Building science is a vast and complex field that has many applications. From forensic analysis of building failures to the design of new construction and renovation, it’s a powerful tool for architects who want a solid working knowledge of how buildings actually work.
Our course is designed for individual learning, but lots of small groups take it together on the same schedule and use the downloadable course packet to facilitate discussion.
Energy Efficiency
Energy efficiency is one of the best ways to reduce energy costs and carbon emissions. It benefits everyone from households to businesses, and it is essential in addressing climate change and reducing the cost of power for American consumers.
The energy used in buildings accounts for about 33% of total global energy consumption and greenhouse gas emissions. That’s why it is important to create buildings that are as efficient as possible in terms of their operational energy use. Energy-efficient buildings are designed to save occupants money on their utility bills, increase the resiliency and reliability of the electric grid, and improve their building’s indoor comfort.
Buildings that are more efficient use less energy for heating, cooling, lighting, and appliances. They also provide a healthier indoor environment by cutting down on air pollution, which can cause a variety of diseases and illnesses such as asthma and lung cancer.
There are several steps that can be taken to make a building more energy-efficient, such as using insulation and installing light bulbs with a lower wattage. It is also recommended to incorporate renewable energy into a building, such as solar water heaters and photovoltaic electricity generation, so that it does not solely rely on traditional fossil fuels for energy. By incorporating these technologies, it is also easier to take advantage of the sun’s free energy.
Moisture Management
Moisture management is a broad discipline in building science that encompasses managing the flow of water through and around buildings. This includes addressing moisture intrusion (water penetration), condensation and vapor diffusion. Moisture issues are very common in building design, construction and operation, affecting everything from insulation to framing to roofing. Entire industries have developed to address these moisture problems, which can range from mold growth and rot to insect infestation. Many of these problems are traceable to poor decisions in design, construction or maintenance.

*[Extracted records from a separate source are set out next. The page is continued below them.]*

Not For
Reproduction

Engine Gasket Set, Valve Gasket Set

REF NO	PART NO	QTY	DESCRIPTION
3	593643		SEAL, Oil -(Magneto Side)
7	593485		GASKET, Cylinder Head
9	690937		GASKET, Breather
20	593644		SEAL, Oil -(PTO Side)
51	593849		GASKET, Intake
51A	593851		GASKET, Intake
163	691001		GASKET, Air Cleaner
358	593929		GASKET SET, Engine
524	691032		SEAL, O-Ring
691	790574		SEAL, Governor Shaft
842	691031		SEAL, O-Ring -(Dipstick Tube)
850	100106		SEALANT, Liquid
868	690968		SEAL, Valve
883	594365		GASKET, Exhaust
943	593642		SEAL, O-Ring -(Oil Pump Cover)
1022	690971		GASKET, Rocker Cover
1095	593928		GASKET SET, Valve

The bulk movement of water through and around a building enclosure occurs via rainwater, groundwater, air transport and vapor diffusion. Moisture management strategies typically involve drainage planes, the use of air barriers and vapor retarders, and control of interior humidity levels through ventilation and dehumidification. Moisture migration and transfer are driven by a combination of thermal gradients, concentration gradients and surface tension forces. Capillarity is the most important of these forces, which explains the hysteresis in the moisture content of building materials and assemblies.

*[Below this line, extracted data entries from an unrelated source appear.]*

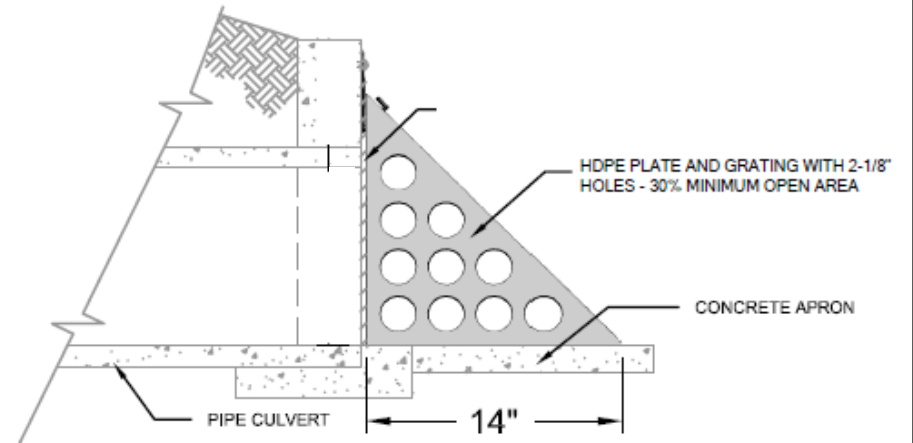

StormRax™ DEBRIS CAGE

HDPE DEBRIS CAGE by:
PLASTIC SOLUTIONS, INC.
238 McGhee Rd
Winchester, VA 22603
(877)877-5727

ELEVATION

SECTION

CUSTOMER:

DATE:

PROJECT:

DRAWN BY:
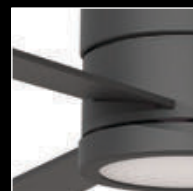

## Installation variants

LED LAMP

NO LED LAMP  
END CUP INCLUDED

Vinca CCT

37

new

1 BLACK/BLACK

2 WHITE/WHITE

Bulk moisture is experienced as precipitation, snow, floodwaters and groundwater and must be dealt with through carefully considered material selection and arrangement. It is also critical to ensure that sheathing and wall assemblies are positioned so that they can shed water away from the building enclosure.
Indoor Air Quality
In the last two decades, research has focused on improving the quality of air in buildings and structures where people spend most of their time. Common contaminants found in indoor environments include secondhand tobacco smoke, air pollutants from building materials and furnishings, radon, carbon monoxide, volatile organic compounds, molds, bacteria and particulates. These can contribute to a variety of ailments and have negative impacts on human health, comfort and productivity.
Many factors influence indoor air quality including occupants’ habits, activities and use of products in buildings. Some sources of indoor pollutants release them more or less continuously, while others only produce them intermittently. If too little outdoor air penetrates into indoor spaces, pollutants can accumulate to dangerous levels.
Green buildings, which are designed with energy and environmental considerations, generally have lower indoor pollutant levels than conventional buildings. However, limited experimental data comparing green buildings with conventional ones exists.
To improve the understanding of the relationship between building environment and indoor air quality, it is important to conduct region-specific and location-specific studies to identify major indoor contaminant sources. For example, analysis of residential homes in Lodi Province, Italy revealed that greater manual airing results in higher sub-micrometric particle penetrations [68]. While such findings can be helpful for creating new regulations and guidelines, they can also be used to compare different regions’ indoor air quality standards.
Health & Safety
Building science is concerned with the full life cycle of buildings from planning, design and construction through facilities management, building pathology, conservation and demolition. It is also concerned with new and emerging building materials, energy technologies and the issues of sustainability and pollution.
The modern approach to building science involves looking at the whole structure and the multiple systems within it that affect functionality. It is a synthesis of many fields including architecture, engineering and physics with a strong focus on the needs of the occupants. It aims to improve overall building performance, durability and characteristics for the entire building life cycle.
For example, a well-insulated and airtight house can have problems with stale air or mold growth if the ductwork is not properly installed. A professional builder will be able to identify and correct these issues.
A career in building science requires a strong analytical mind, excellent communication skills and the ability to work as part of a team. For those with the right mix of interests and aptitudes, a career in this field is an exciting and rewarding challenge. It is an ideal choice for those interested in applying their technical training to the field of architecture and the arts. Imagine being able to explain why something works or why it fails without compromising the artistic, cultural and environmental qualities of the architectural artifact.